FIG. 8 is a cross-sectional view illustrating the conductor layer forming step S4. As illustrated in FIG. 8, in the conductor layer forming step S4, a first conductor layer 11 and a second conductor layer 12 are formed. The first conductor layer 11 and the second conductor layer 12 are formed by, for example, an electroless plating method or an electrolytic plating method.

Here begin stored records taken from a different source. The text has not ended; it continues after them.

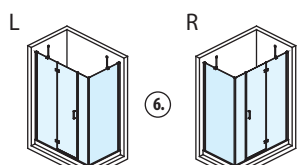

5. Obdélníková zástěna (dveře + boční stěna)

Kód	Rozměr	Instalační rozměr	Sklo čiré
BN7015	800x700	774x674±10	22 950,- / 875 €
BN1815	900x700	874x674±10	23 480,- / 895 €
BN7215	1000x700	974x674±10	24 010,- / 915 €
BN7315	1100x700	1074x674±10	24 540,- / 938 €
BN6615	1200x700	1174x674±10	25 070,- / 958 €
BN5315 ■■	900x800	874x774±10	24 440,- / 935 €
BN5415	1000x800	974x774±10	24 940,- / 949 €
BN5715	1100x800	1074x774±10	25 310,- / 965 €
BN5515 ■■	1200x800	1174x774±10	25 580,- / 975 €
BN8015	800x900	774x874±10	24 940,- / 949 €
BN8215	1000x900	974x874±10	25 440,- / 969 €
BN5815	1100x900	1074x874±10	25 820,- / 985 €
BN5615 ■■	1200x900	1174x874±10	26 080,- / 995 €
BN8515	800x1000	774x974±10	25 440,- / 969 €
BN8615	900x1000	874x974±10	25 950,- / 989 €
BN8815	1100x1000	1074x974±10	26 350,- / 1 005 €
BN6515	1200x1000	1174x974±10	26 580,- / 1 015 €
BN9015	800x1100	774x1074±10	25 710,- / 979 €
BN9115	900x1100	874x1074±10	26 210,- / 999 €
BN9215	1000x1100	974x1074±10	26 580,- / 1 015 €
BN9415	1200x1100	1174x1074±10	26 850,- / 1 025 €
BN9515	800x1200	774x1174±10	25 590,- / 978 €
BN9615	900x1200	874x1174±10	26 210,- / 999 €
BN9715	1000x1200	974x1174±10	26 720,- / 1 019 €
BN9815	1100x1200	1074x1174±10	27 090,- / 1 035 €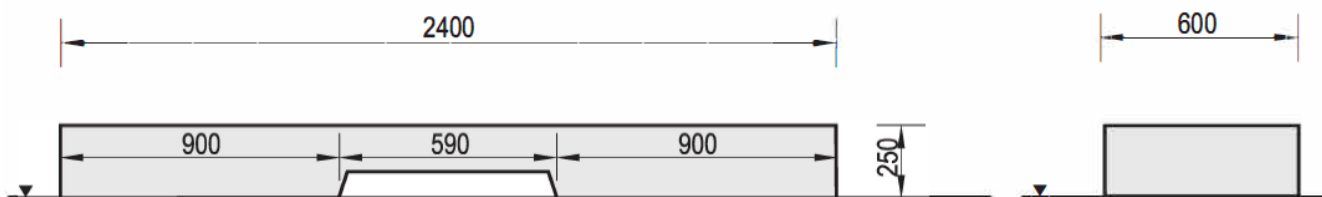

# Article 181245 - Ollie Box Top

600 kg

FIG. 9 is a cross-sectional view illustrating the protective layer attaching step S5. As illustrated in FIG. 9, in the protective layer attaching step S5, a protective layer 40 is attached to the first main surface 10a. In the protective layer attaching step S5, firstly, the protective layer 40 is disposed on the first main surface 10a. At this time, the first layer 41 is uncured. The protective layer 40 is formed in advance with a first opening 40a and a second opening 40b. Secondly, the first layer 41 is cured by heating. Thus, the protective layer 40 is attached to the first main surface 10a. In the protective layer attaching step S5, the protective layer 60 is also attached to the second conductor pattern 30 (the copper foil 32) in the same manner as the protective layer 40.

In the shield film attaching step S6, a shield film 50 is attached to the protective layer 40. In the shield film attaching step S6, firstly, the shield film 50 is disposed on the protective layer 40. At this time, the conductive adhesive layer 51 is uncured. While the shield film 50 is being disposed on the protective layer 40, the uncured conductive adhesive layer 51 is also filled in the first opening 40a and the second opening 40b. Secondly, the uncured conductive adhesive layer 51 is cured by heating, whereby the shield film 50 is attached to the protective layer 40. Thus, the printed wiring board 100 having the configuration illustrated in FIGS. 1 to 3 is formed.

(Effects of Printed Circuit Board 100)

The effects of the printed wiring board 100 will be described below.

In the printed wiring board 100, the spacing between the conductive adhesive layers 51 embedded in the two adjacent first openings 40a or the spacing between the conductive adhesive layers 51 embedded in the two adjacent second openings 40b is smaller. More specifically, the spacing SP1 or the spacing SP2 is equal to or smaller than one half of the wavelength of the electromagnetic wave having the same frequency as that of the current flowing through the signal pattern 21.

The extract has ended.